Kalb works out of the Buffalo Medical Group office on Essjay Road in Williamsville. A physicians assistant helps with his patients. Call yourself for a new patient appointment, without a referral, and be prepared to wait four months.
"We work 45 hours a week and see 150 patients a week," said Kalb, who also is a clinical University at Buffalo professor who teaches dermatology students in his office. He also sees patients at Buffalo General Medical Center a half-day a week.
"Unfortunately, a lot of dermatologists don’t even see new patients," Kalb told me. "Their practices are essentially closed."
Patients have to wait two or three months to see Chaudhuri unless it’s an emergency.
"All of us have some emergency slots" reserved for referrals from primary care doctors or for patients specialists have seen in local hospitals and need follow-up care, Chaudhuri said. "They cannot wait two or three months."
This is a typical day for Chaudhuri, one of three endocrinologists with the Diabetes and Endocrinology Center of Western New York:
"Each one of us sees approximately four or five new patients and 20 or 21 follow-up visits," he says. "After that, we go ahead and see patients in the hospital. In the interim, we’re also taking calls from patients calling in for something. We are reviewing any (medical tests) and calling those patients back."
His workday starts about 8 a.m. and ends about 6:30 p.m. each weekday. He’s also often on-call for hospital work after hours.
"We also work weekends and we do an outpatient clinic one Saturday a month," he said.
And his workplace changes, often day-to-day.
He and his two partners, as well as a physician assistant and a diabetes educator, split time between their center in Williamsville, offices in DeGraff Memorial and Buffalo General hospitals, and with UB MD in the Dent Tower in Amherst. "Then we have teaching and research going on," Chaudhuri said. "It’s demanding but it’s rewarding."
Kalb leads dermatology recruiting efforts for the Buffalo Medical Group.
"Some of major metropolitan areas are saturated with dermatologists because of cosmetic procedures," he said, "but in most areas of the country, there’s a shortage."
As the Bills and Sabres have at times discovered with top players, doctors aren’t always clamoring to come to Buffalo.
"It’s not for a lack of effort," Kalb said, "but t’s tough unless the person has a tie to the Western New York area.
"The reimbursements are relatively low compared to other parts of the country, so it is somewhat tough to recruit people to Western New York.
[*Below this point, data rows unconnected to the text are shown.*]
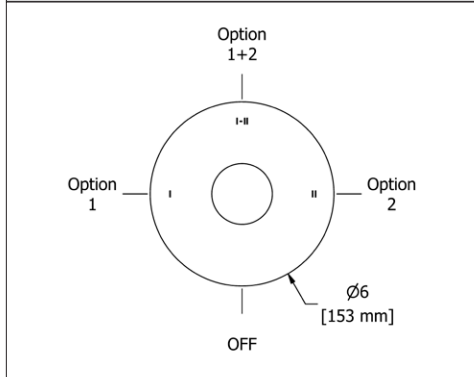

TGN23 (SHARED) Classic 1/2" Therm & Pressure Balance Trim with 3 Functions

Suggested Retail Price

Handle	C	PN	BN
TGN23 _ _	426	516	532
TGN23+ _ _	426	516	532

- Patented valve technology with both thermostatic and pressure balance functionality
- Temperature and volume control with diverter
- 3 functions
- Rough-in valve sold separately:
  - Order R23 therm & pressure balance rough-in valve: $176
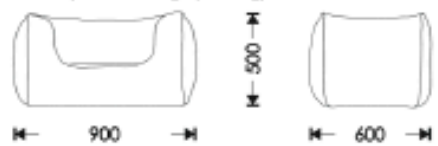

Pico XL (for medium dogs up to 20 kg)
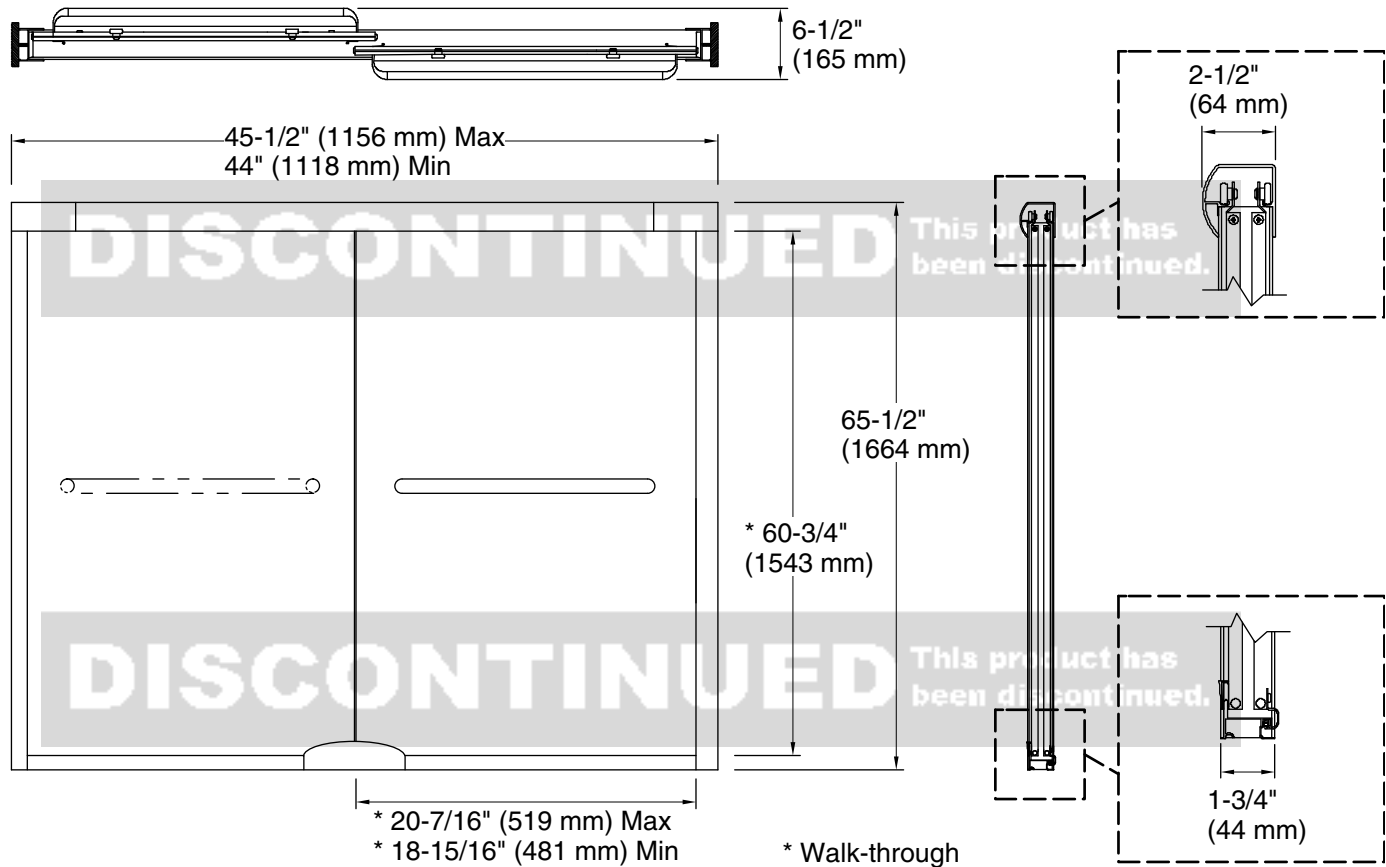

Technical Information

All product dimensions are nominal.

Installation type: For shower base installation

Opening Width - 44" (1118 mm)
Min:

Opening Width - 45-1/2" (1156 mm)
Max:

Walk-through - Min: 18-15/16" (481 mm)

Walk-through - Max: 20-7/16" (519 mm)

Glass thickness: 1/4" (6 mm)

Glass coating: CleanCoat®

Notes

Install this product according to the installation guide.

The vertical opening should be a minimum of 67-1/2" (1715 mm) to allow for installation clearance.
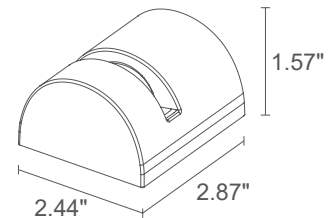

LYSS MINI 1.0

Lyss Mini 1.0 is a surface mounted specialty projector for applications such as windowsills, arches and corners. It is offered in white or blue light with 2 optical options and 4 different finishes. Optic can be adjusted 5° to align the beam on the window frame.

Fixture Dimensions

TECHNICAL DATA

Wattage / Input	3W (24VDC)
Power Supply	Remote, not included. See page 2.
Construction	Body: Thermally Conductive Plastic Cable Length: 4.92'
CCT	2700K, 3000K, 4000K, Blue
CRI	>80
Delivered Lumens	67 lm (3000K, 8°x160°)
Efficacy	22 lm/W (3000K, 8°x160°)
Optics	Clear 8°x160°, Satin 9°x160°
Finishes	4 Standard, Custom RAL
Fixture Dimensions	2.87" l x 2.44" w x 1.57" h
Fixture Weight	0.33 lbs
LED Source	1 Power LED
Lumen Maintenance	L95, B10 >50,000hrs (Ta 25°C)
Color Consistency	1/4 ANSI BIN
Operating Temp.	-4°F to +113°F
IP Rating	IP65
IK Rating	IK07
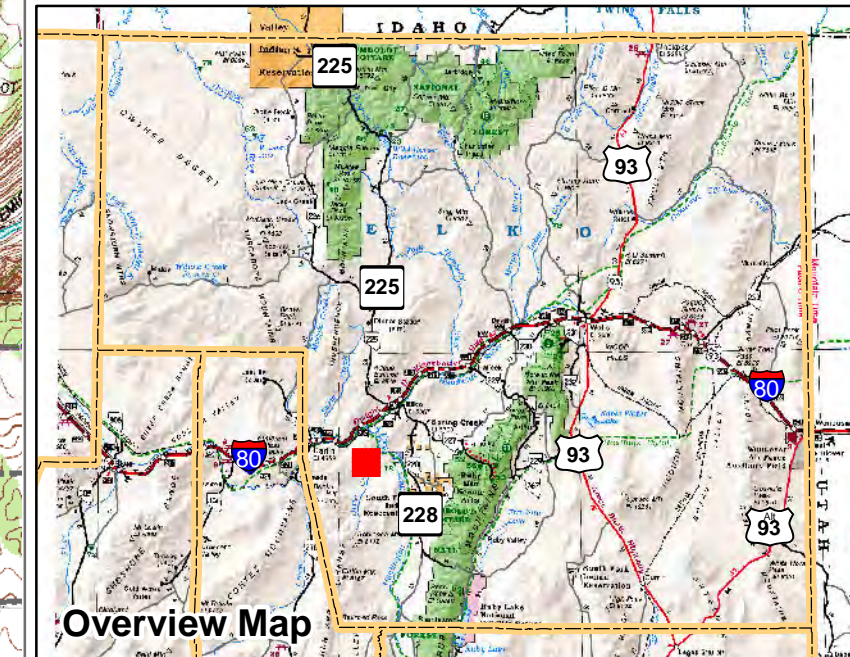

005-490

Township 32N Range 54E
of the Mount Diablo Meridian, Nevada

Legend

- Subject Parcel
- Parcel
- Public Land
- Lot
- Section
- Township/Range
- County Line

This map does NOT represent a survey. It is compiled from official records, including surveys and deeds. Recorded documents should be used for detailed legal information. Unless approved by Elko County Assessor, other uses are forbidden.
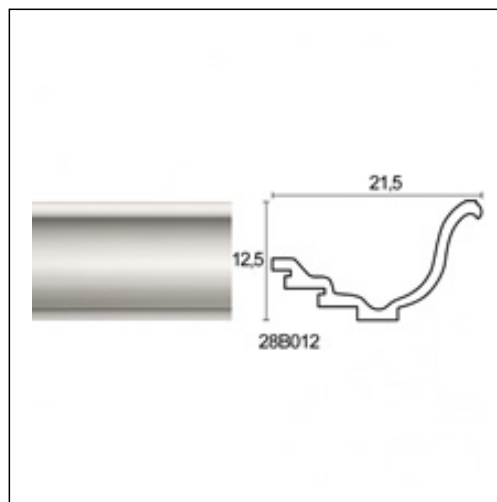

Linear Hidden Lighting / Parrot

Cat.No. 28.B.012

Linear Hidden Lighting

Length: 225 cm.

Depth: 21.5 cm.

Height: 12.5 cm.

RELATIVE PRODUCT PHOTOS
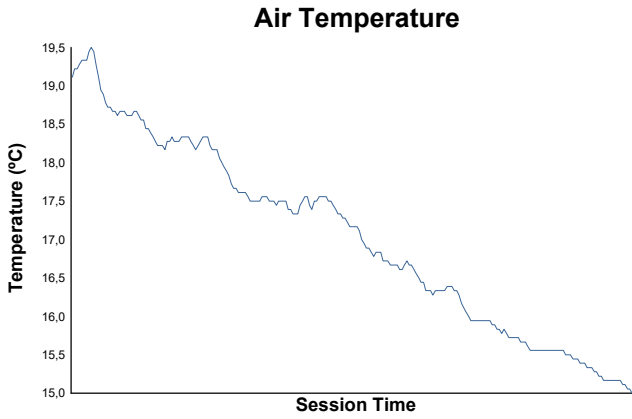

## Wednesday Test Weather Report

Track Status: **DRY**

The people who train and have some sort of tie here are the ones you’re more than likely to have come and work in the area.
"It’s been a struggle the last couple of years."
As with other efforts here, slow and steady progress is being made.
Chaudhuri and his partners also are clinical professors with UB, and are helping train two new endocrinologists who will join the practice in September.
That should make Diabetes and Endocrinology Center patients – and the staff – very happy, indeed.